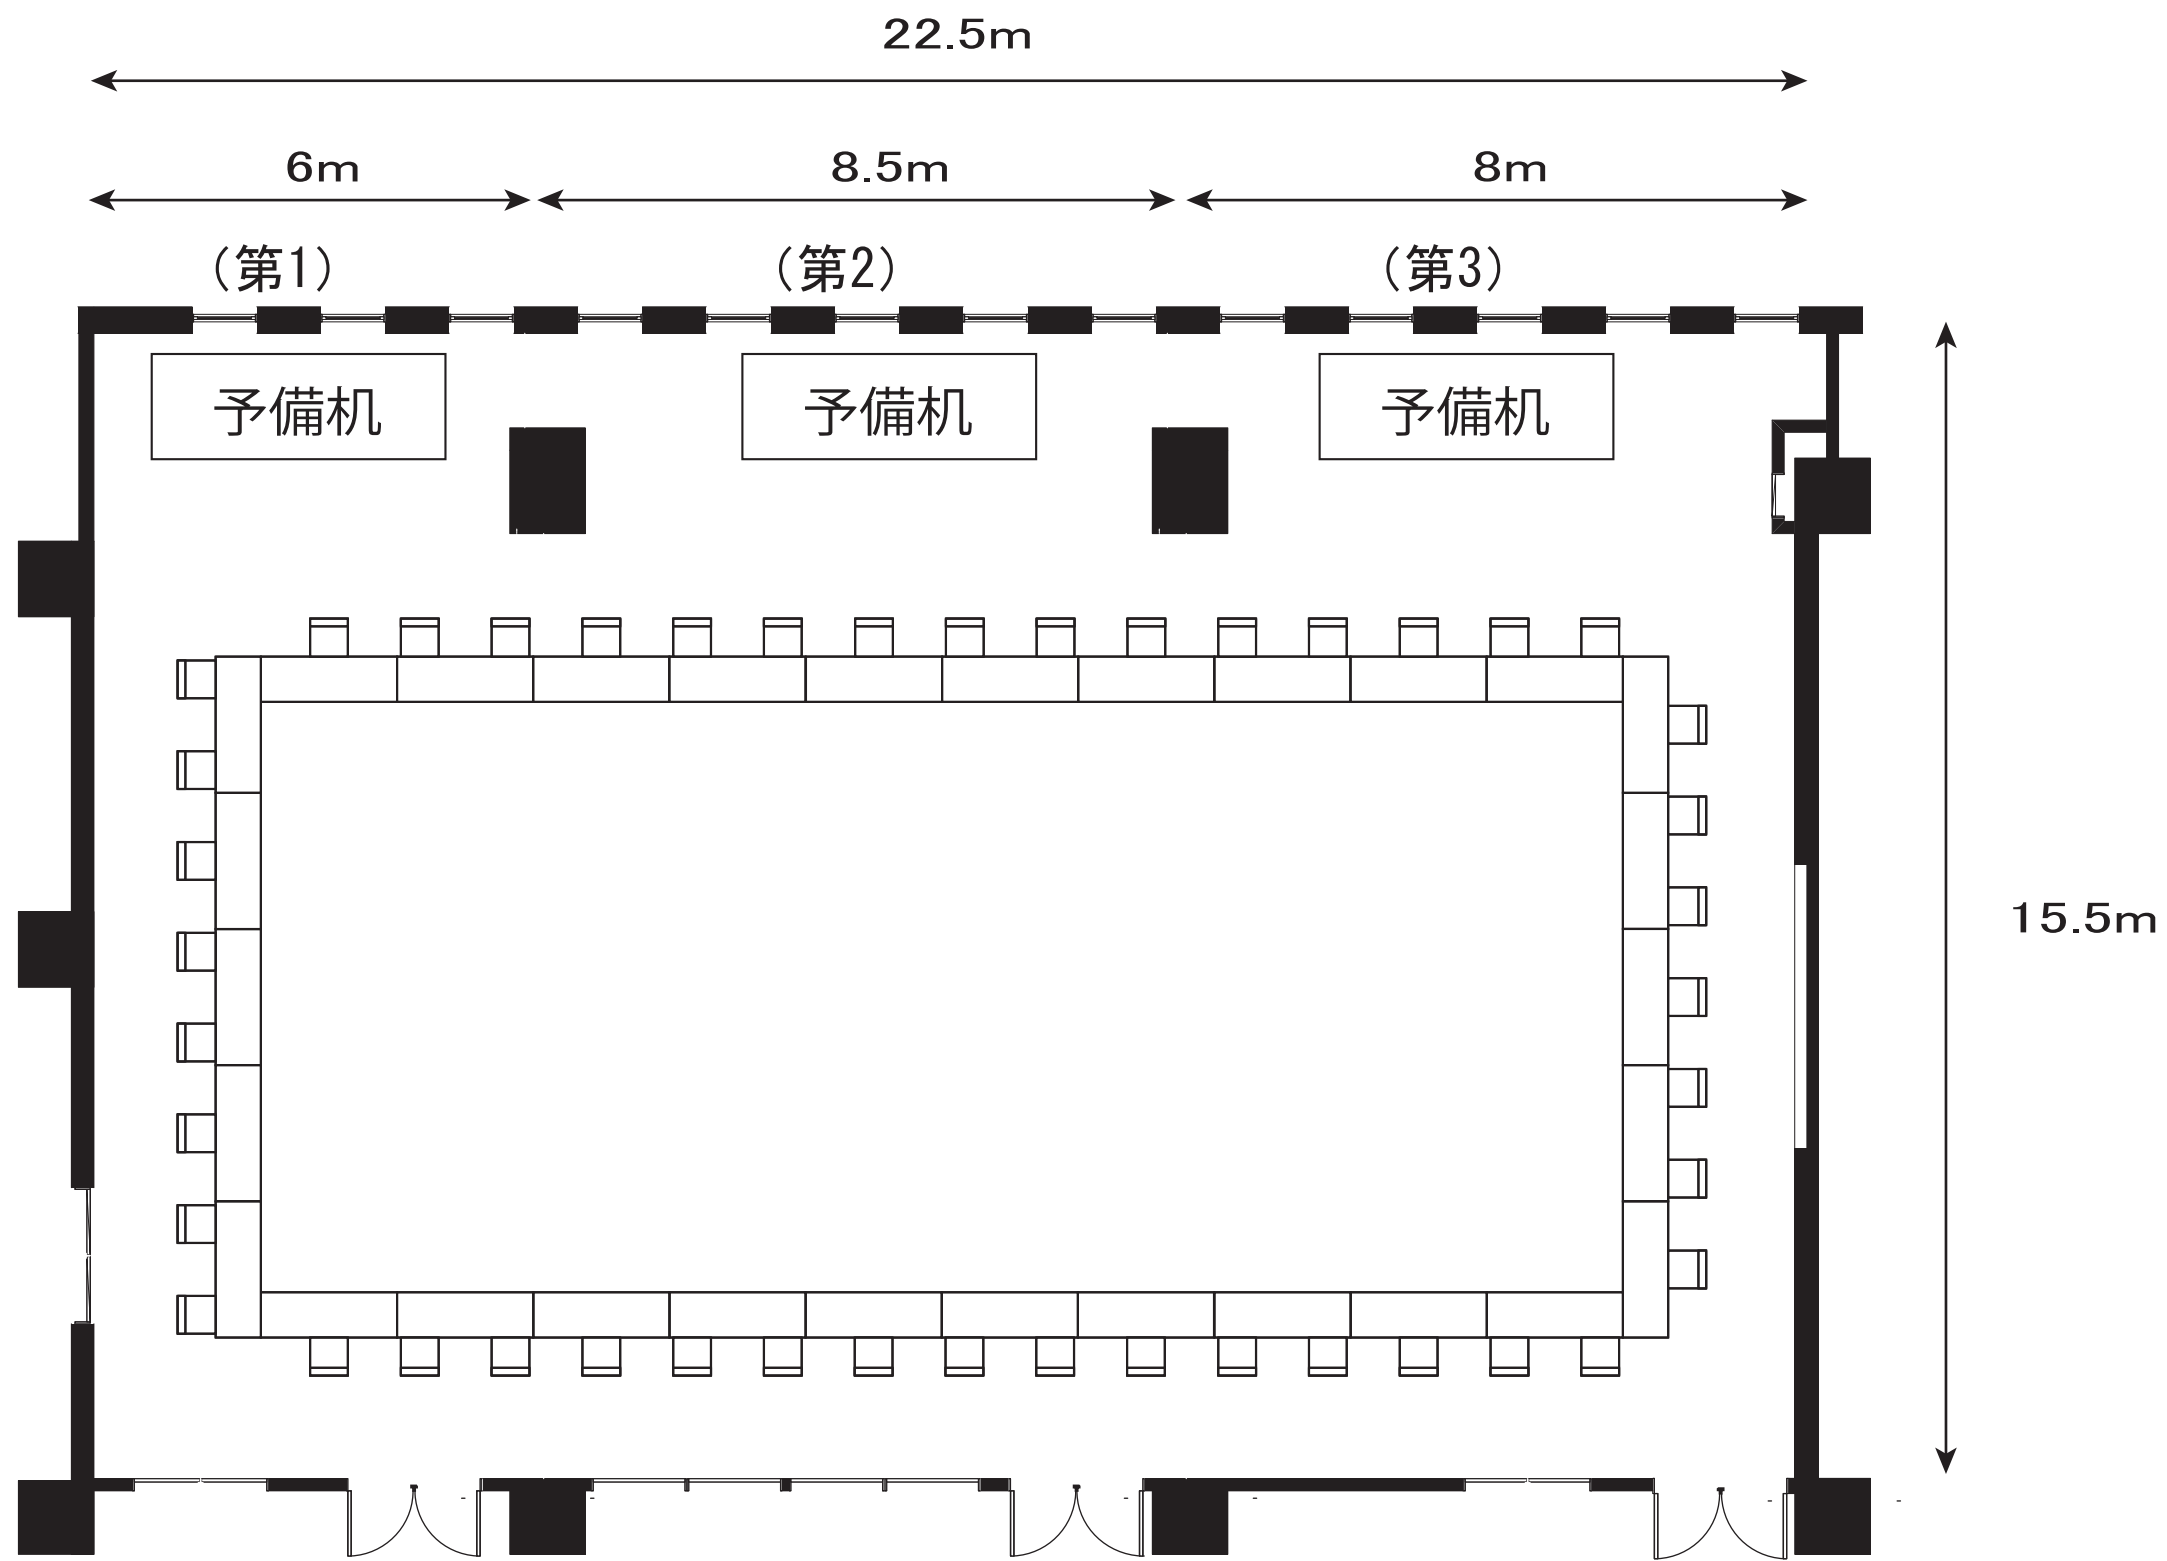

セミナー室(東館2階)

口型 1・2名掛け 45名
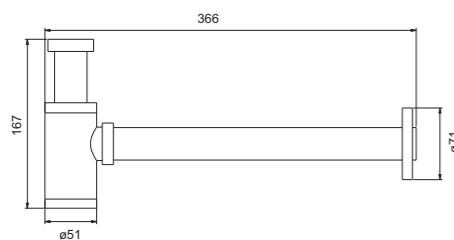

SCANDI

СОВРЕМЕННЫЕ ТРЕНДЫ

Коллекция смесителей
и душевых систем

Focus

ВАШ ВЫБОР
В ЦЕНТРЕ
ВНИМАНИЯ

Bronze de Luxe

- **What needs to be done**: Return an exact transcription of the material, with its pictures left out.

- **Expected answer**:
セミナー室(東館2階)

口型 1・2名掛け 45名

SCANDI

СОВРЕМЕННЫЕ ТРЕНДЫ

Коллекция смесителей
и душевых систем

Focus

ВАШ ВЫБОР
В ЦЕНТРЕ
ВНИМАНИЯ

Bronze de Luxe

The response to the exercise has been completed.